» **What to produce**:
Transcribe all records exactly; omit pictures.

» **Provided data**:
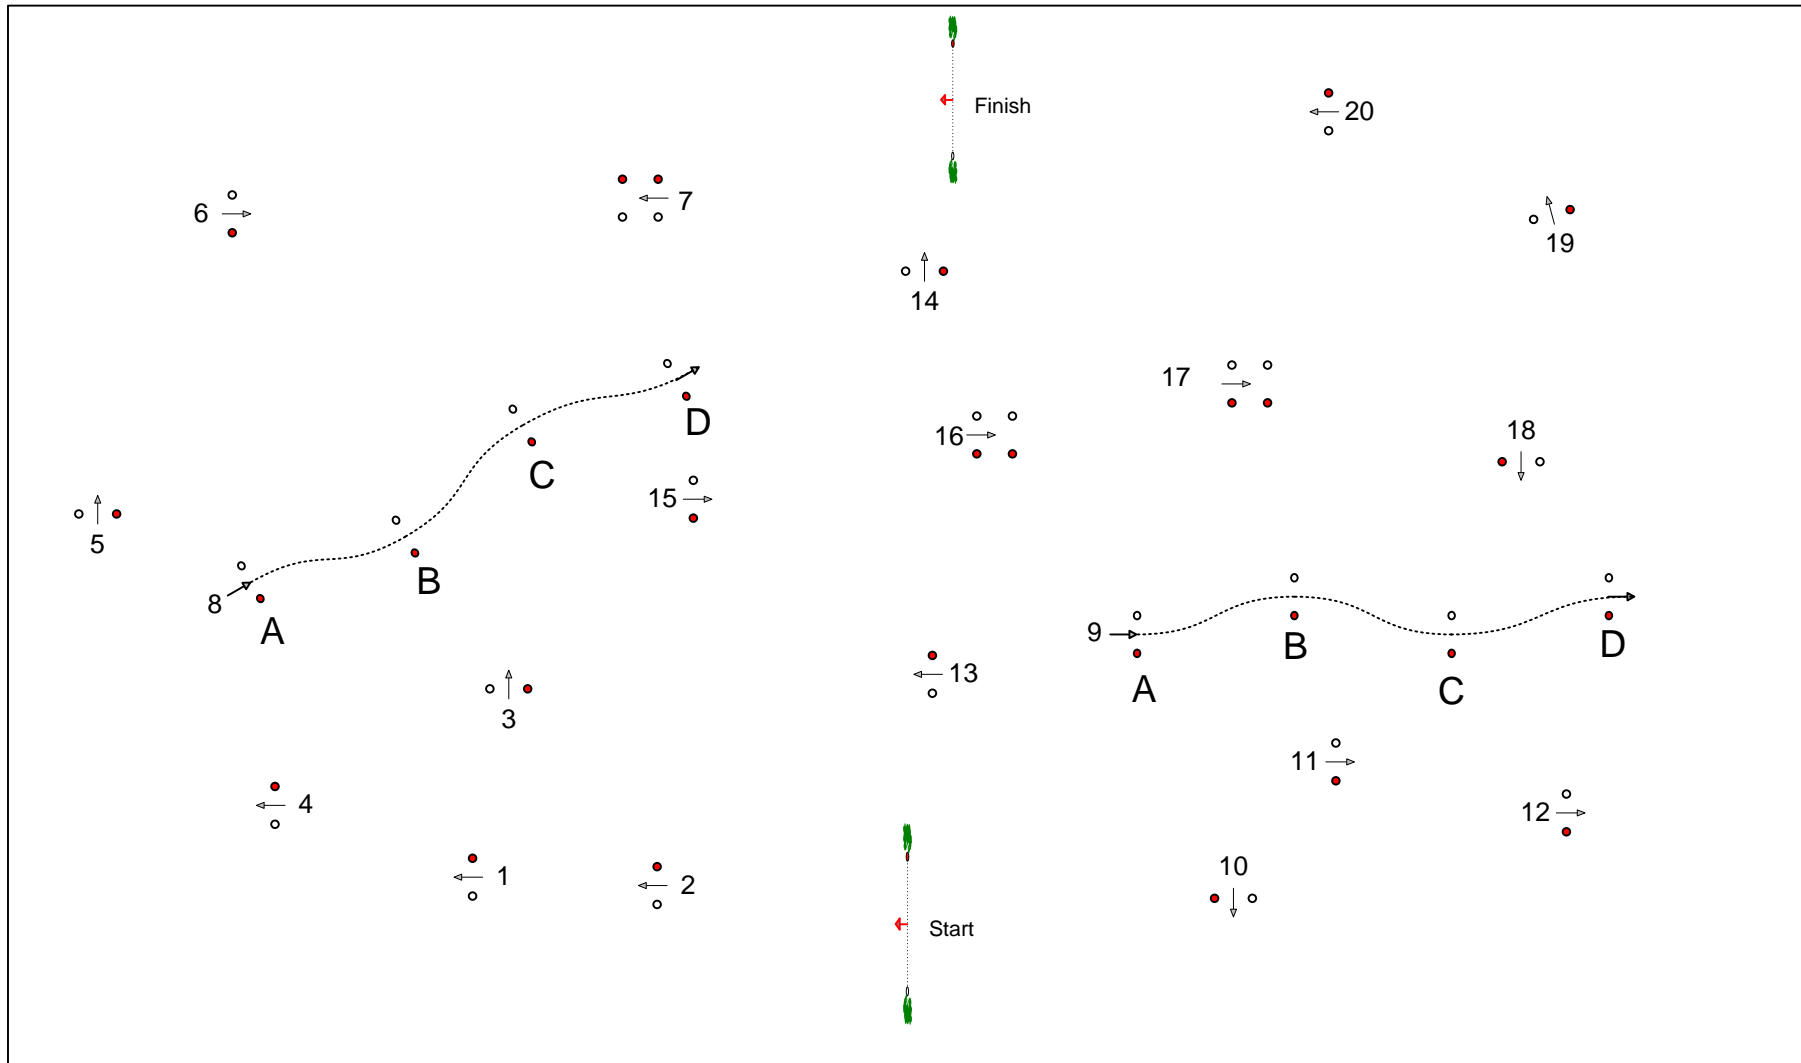

# DREBKAU 2018

Class No.:	Horse Pairs	International Competition	Competition against the clock	2018. szeptember 16.	Start 12:00
------------	-------------	---------------------------	-------------------------------	----------------------	-------------

Table: A	Speed: 250 m/Min.	Length: 718 mtr.	:	Speed: m/Min.	Length: 0 mtr.
National RG:	Obstacles: 20 cm	Time allowed: 173 sek.	:	Supplement: cm	Time allowed: 0 sek.
FEI RG / Art.	Face: 170 cm	Time limit: 346 sek.	:	Face: cm	Time limit: 0 sek.
		Penalty sec: sek.	:		

Table: A	Speed: 240 m/Min.	Length: 733 mtr.	:	Length: 0 mtr.
National RG:	Obstacles: 25 cm	Time allowed: 184 sek.	Speed: m/Min.	Time allowed: 0 sek.
FEI RG / Art.	Supplement: 25 cm	Time limit: 368 sek.	Supplement: cm	Time limit: 0 sek.
	Face: 170 cm	Penalty sec: sek.	Face: cm	
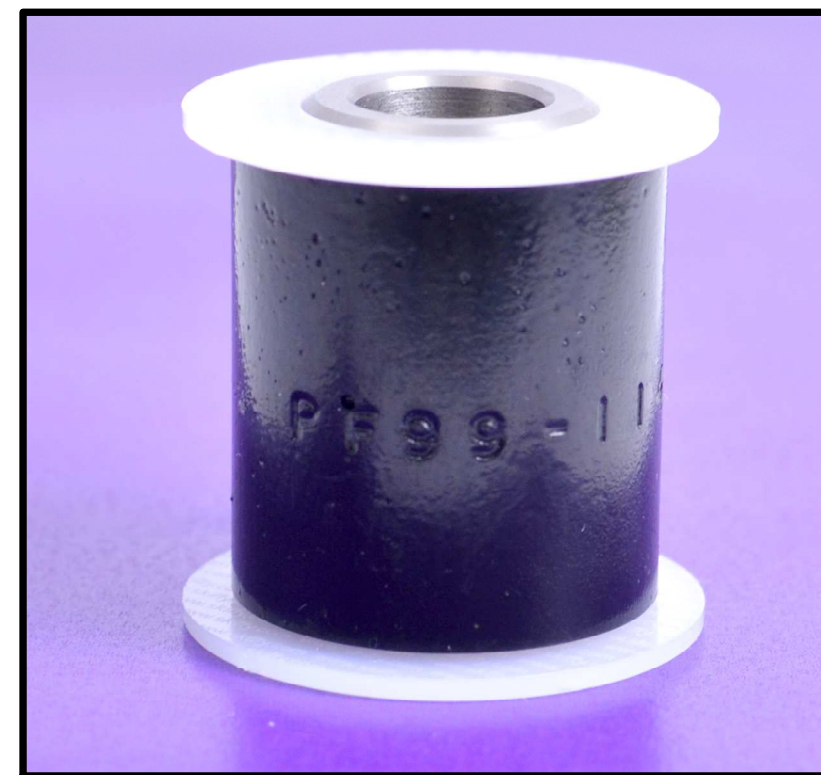

BUSH		
1.	MATERIAL	POLYURETHANE SHORE A 95
2.	COLOUR	BLACK
3.	BORE FINISH	KNURLED BORE
4.	KIT QUANTITY	1
SLEEVE		
1.	MATERIAL	STAINLESS STEEL
2.	LENGTH	35MM
3.	BORE	12MM
4.	KIT QUANTITY	1
TUBE & MOUNTING		
1.	TO SUIT BORE	1 1/8" , 26.9MM TO 27.1MM
2.	TO SUIT WIDTH	31MM
3.	TO SUIT MOUNTING LENGTH	35MM
4.		
WASHER		
1.	MATERIAL	NYLON
2.	DIAMETER	34MM
3.	THICKNESS	1.5MM
4.	KIT QUANTITY	2

No	REVISION	BY	CHKD	DATE
0	ORIGINAL ISSUE	P.S.		25/6/12

DESCRIPTION  
 KIT CAR BUSH, CATERHAM  
 STYLE BUSH, SHORT, 12MM

© COPYRIGHT. ALL RIGHTS RESERVED  
 THIS DRAWING IS STRICTLY CONFIDENTIAL AND MUST NOT BE  
 COPIED, REPRODUCED OR ADAPTED, NOR MAY ARTICLES BE  
 MANUFACTURED IN ACCORDANCE WITH THE DRAWING WITHOUT  
 PRIOR WRITTEN PERMISSION OF POWERFLEX.

**POWERFLEX**  
**EPTC** LTD

MATERIAL  
 POLYURETHANE SHORE A 95

DRAWING No.  
 99-114-12

REV  
 0
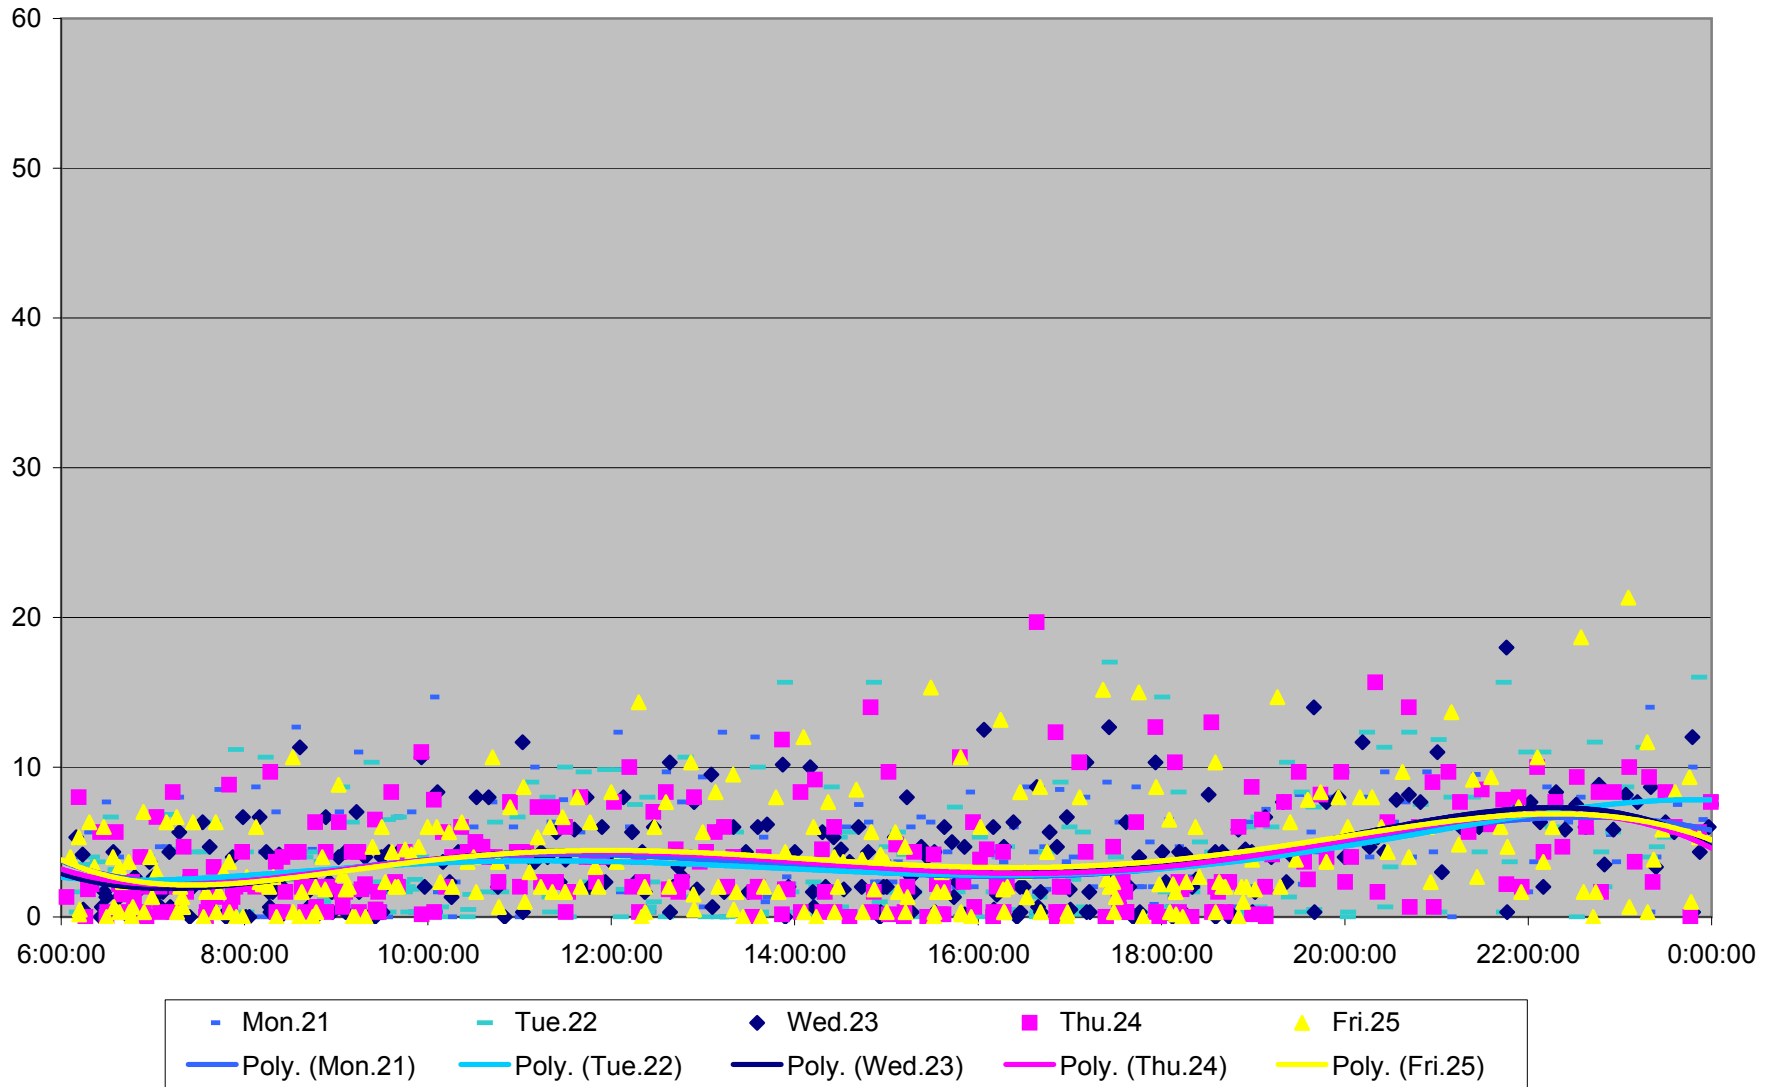

36 Finch West Headways at Dufferin Eastbound November 2011

36 Finch West Headways at Dufferin Eastbound November 2011

36 Finch West Headways at Dufferin Eastbound November 2011

36 Finch West Headways at Dufferin Eastbound November 2011

» **Expected answer**:
# DREBKAU 2018

Class No.:	Horse Pairs	International Competition	Competition against the clock	2018. szeptember 16.	Start 12:00
------------	-------------	---------------------------	-------------------------------	----------------------	-------------

Table: A	Speed: 250 m/Min.	Length: 718 mtr.	:	Speed: m/Min.	Length: 0 mtr.
National RG:	Obstacles: 20 cm	Time allowed: 173 sek.	:	Supplement: cm	Time allowed: 0 sek.
FEI RG / Art.	Face: 170 cm	Time limit: 346 sek.	:	Face: cm	Time limit: 0 sek.
		Penalty sec: sek.	:		

Table: A	Speed: 240 m/Min.	Length: 733 mtr.	:	Length: 0 mtr.
National RG:	Obstacles: 25 cm	Time allowed: 184 sek.	Speed: m/Min.	Time allowed: 0 sek.
FEI RG / Art.	Supplement: 25 cm	Time limit: 368 sek.	Supplement: cm	Time limit: 0 sek.
	Face: 170 cm	Penalty sec: sek.	Face: cm	

BUSH		
1.	MATERIAL	POLYURETHANE SHORE A 95
2.	COLOUR	BLACK
3.	BORE FINISH	KNURLED BORE
4.	KIT QUANTITY	1
SLEEVE		
1.	MATERIAL	STAINLESS STEEL
2.	LENGTH	35MM
3.	BORE	12MM
4.	KIT QUANTITY	1
TUBE & MOUNTING		
1.	TO SUIT BORE	1 1/8" , 26.9MM TO 27.1MM
2.	TO SUIT WIDTH	31MM
3.	TO SUIT MOUNTING LENGTH	35MM
4.		
WASHER		
1.	MATERIAL	NYLON
2.	DIAMETER	34MM
3.	THICKNESS	1.5MM
4.	KIT QUANTITY	2

No	REVISION	BY	CHKD	DATE
0	ORIGINAL ISSUE	P.S.		25/6/12

DESCRIPTION  
 KIT CAR BUSH, CATERHAM  
 STYLE BUSH, SHORT, 12MM

© COPYRIGHT. ALL RIGHTS RESERVED  
 THIS DRAWING IS STRICTLY CONFIDENTIAL AND MUST NOT BE  
 COPIED, REPRODUCED OR ADAPTED, NOR MAY ARTICLES BE  
 MANUFACTURED IN ACCORDANCE WITH THE DRAWING WITHOUT  
 PRIOR WRITTEN PERMISSION OF POWERFLEX.

**POWERFLEX**  
**EPTC** LTD

MATERIAL  
 POLYURETHANE SHORE A 95

DRAWING No.  
 99-114-12

REV  
 0

36 Finch West Headways at Dufferin Eastbound November 2011

36 Finch West Headways at Dufferin Eastbound November 2011

36 Finch West Headways at Dufferin Eastbound November 2011

36 Finch West Headways at Dufferin Eastbound November 2011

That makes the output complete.